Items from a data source
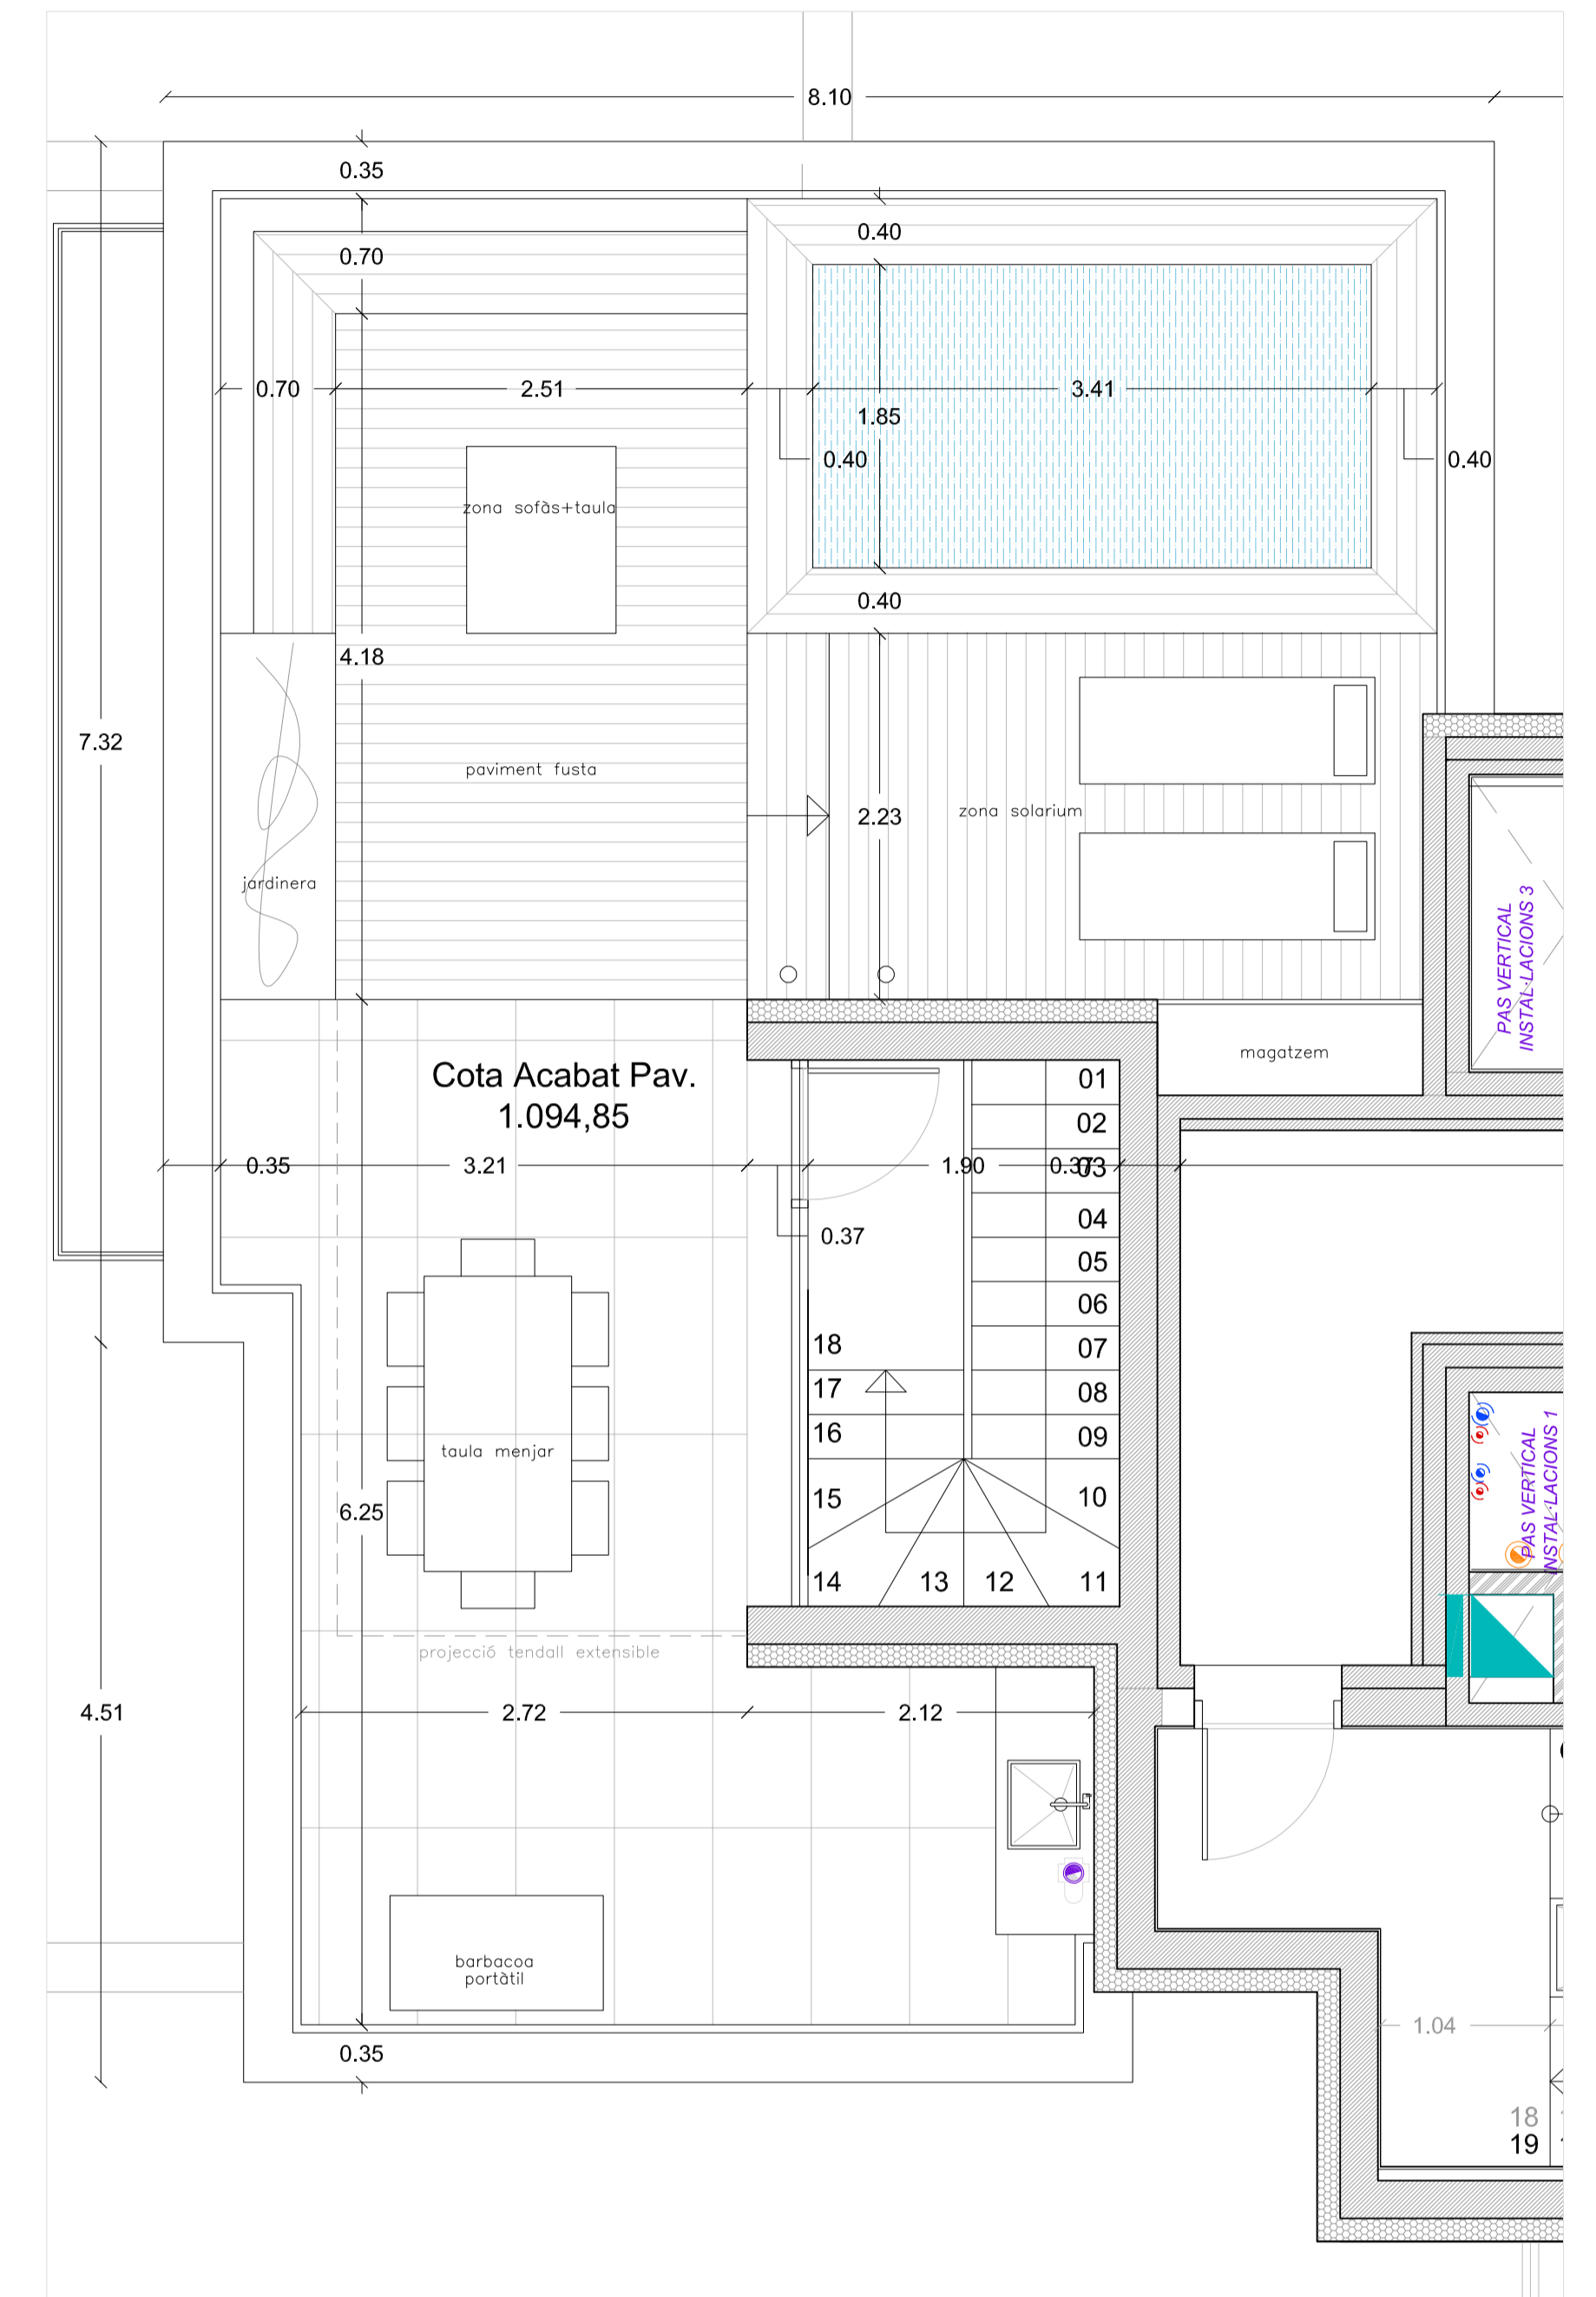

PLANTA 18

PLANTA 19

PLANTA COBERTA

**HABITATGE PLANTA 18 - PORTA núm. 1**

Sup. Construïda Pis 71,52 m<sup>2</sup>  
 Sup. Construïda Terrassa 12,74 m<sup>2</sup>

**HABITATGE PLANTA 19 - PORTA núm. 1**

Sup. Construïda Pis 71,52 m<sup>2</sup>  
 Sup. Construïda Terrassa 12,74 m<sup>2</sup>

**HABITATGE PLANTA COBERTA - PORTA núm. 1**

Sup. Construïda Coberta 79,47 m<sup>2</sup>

> _TASK DESCRIPTION_
All lines above holding the word "PORTA" make up the answer; copy each one.

> _ANSWER TO THIS EXERCISE_
**HABITATGE PLANTA 18 - PORTA núm. 1**
**HABITATGE PLANTA 19 - PORTA núm. 1**
**HABITATGE PLANTA COBERTA - PORTA núm. 1**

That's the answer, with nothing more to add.